◆ **MATERIAL PROVIDED**

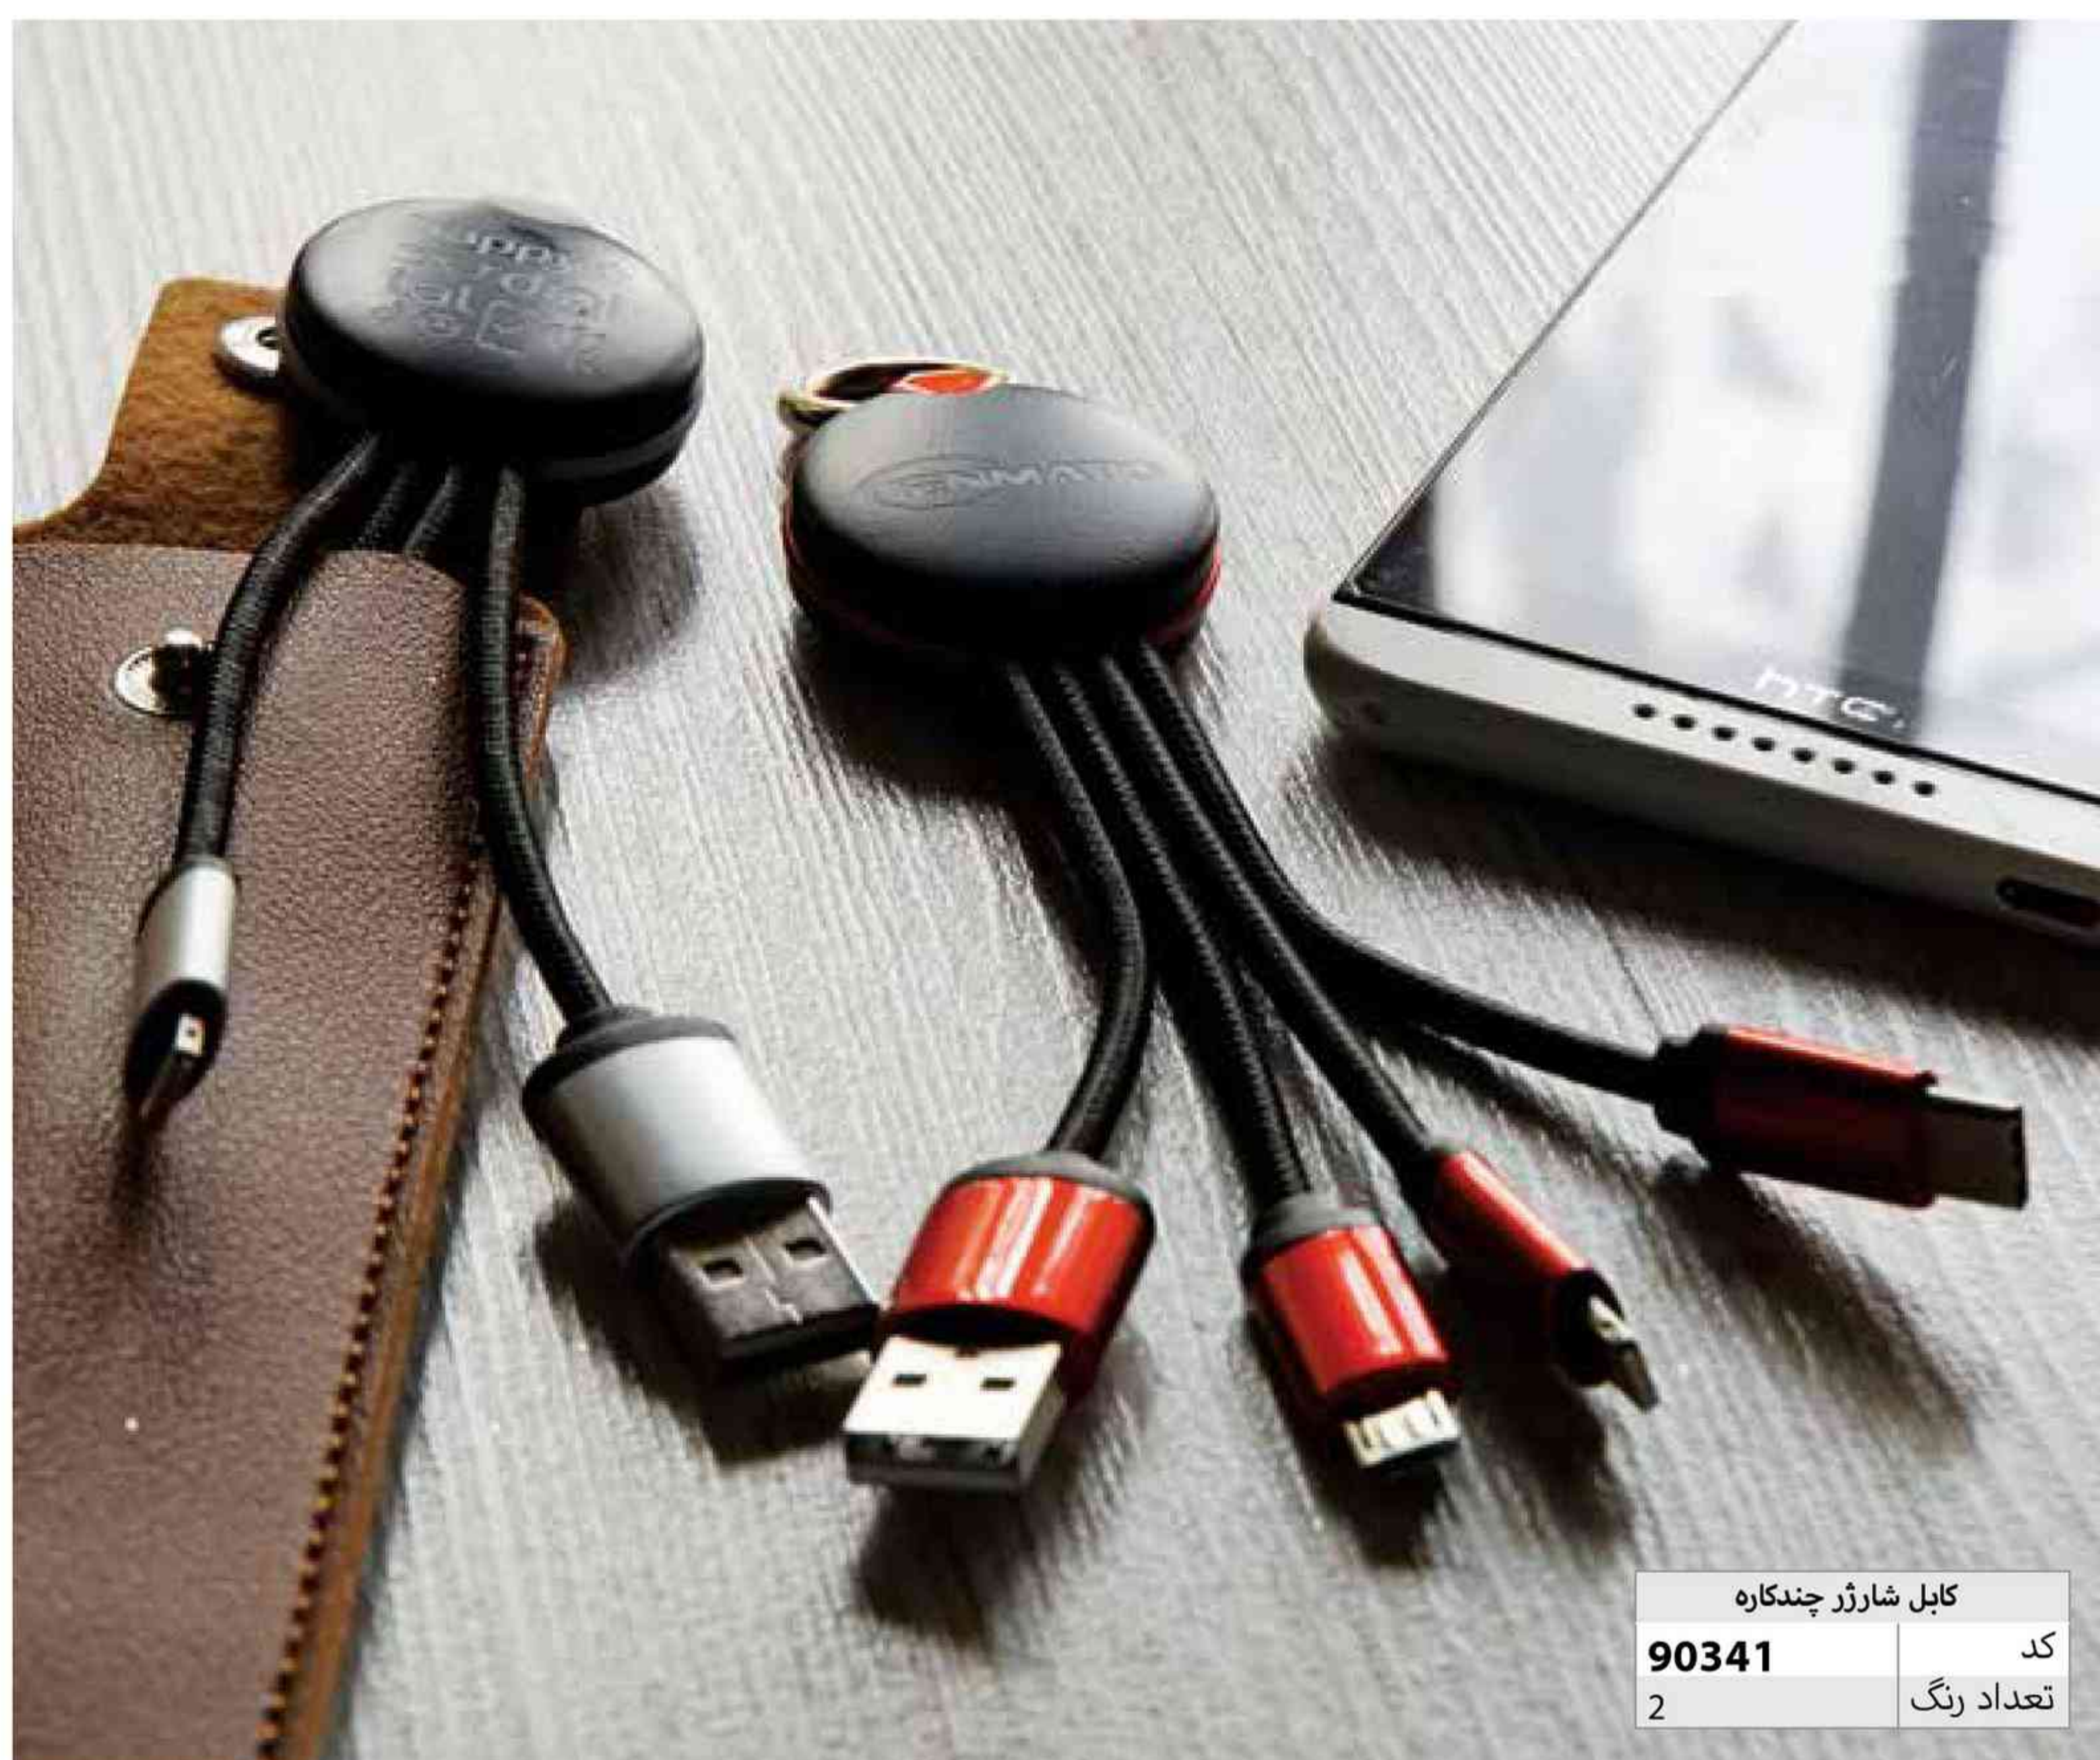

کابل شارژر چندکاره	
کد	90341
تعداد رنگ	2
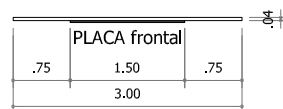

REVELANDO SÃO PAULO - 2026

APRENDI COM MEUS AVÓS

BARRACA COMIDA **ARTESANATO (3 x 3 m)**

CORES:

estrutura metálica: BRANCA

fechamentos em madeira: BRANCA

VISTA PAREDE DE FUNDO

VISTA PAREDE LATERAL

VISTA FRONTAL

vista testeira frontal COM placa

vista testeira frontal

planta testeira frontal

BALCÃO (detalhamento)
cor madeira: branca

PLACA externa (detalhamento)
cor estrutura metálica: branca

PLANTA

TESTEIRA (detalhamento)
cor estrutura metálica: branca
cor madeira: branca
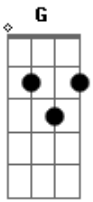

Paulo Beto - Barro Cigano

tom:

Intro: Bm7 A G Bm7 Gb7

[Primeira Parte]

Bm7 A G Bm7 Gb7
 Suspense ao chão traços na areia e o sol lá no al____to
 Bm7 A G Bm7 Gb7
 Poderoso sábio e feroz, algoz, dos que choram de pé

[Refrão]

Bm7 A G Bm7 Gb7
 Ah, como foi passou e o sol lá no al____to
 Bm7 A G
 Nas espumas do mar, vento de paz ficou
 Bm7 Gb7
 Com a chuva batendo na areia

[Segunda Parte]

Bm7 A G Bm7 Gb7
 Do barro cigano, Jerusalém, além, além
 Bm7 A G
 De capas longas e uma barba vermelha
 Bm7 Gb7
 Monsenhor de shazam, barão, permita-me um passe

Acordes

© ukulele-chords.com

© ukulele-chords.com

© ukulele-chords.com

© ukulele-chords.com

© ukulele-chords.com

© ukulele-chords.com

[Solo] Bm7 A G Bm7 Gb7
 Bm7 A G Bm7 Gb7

◆ **ACTION ITEM**
Give again only the lines of the material above that run from the one with "De capas longas e uma barba vermelha" through the end, both included, exactly as they appear.

◆ **RESPONSE FOR THIS EXERCISE**
 De capas longas e uma barba vermelha
 Bm7 Gb7
 Monsenhor de shazam, barão, permita-me um passe

Acordes

© ukulele-chords.com

© ukulele-chords.com

© ukulele-chords.com

© ukulele-chords.com

© ukulele-chords.com

© ukulele-chords.com

[Solo] Bm7 A G Bm7 Gb7
 Bm7 A G Bm7 Gb7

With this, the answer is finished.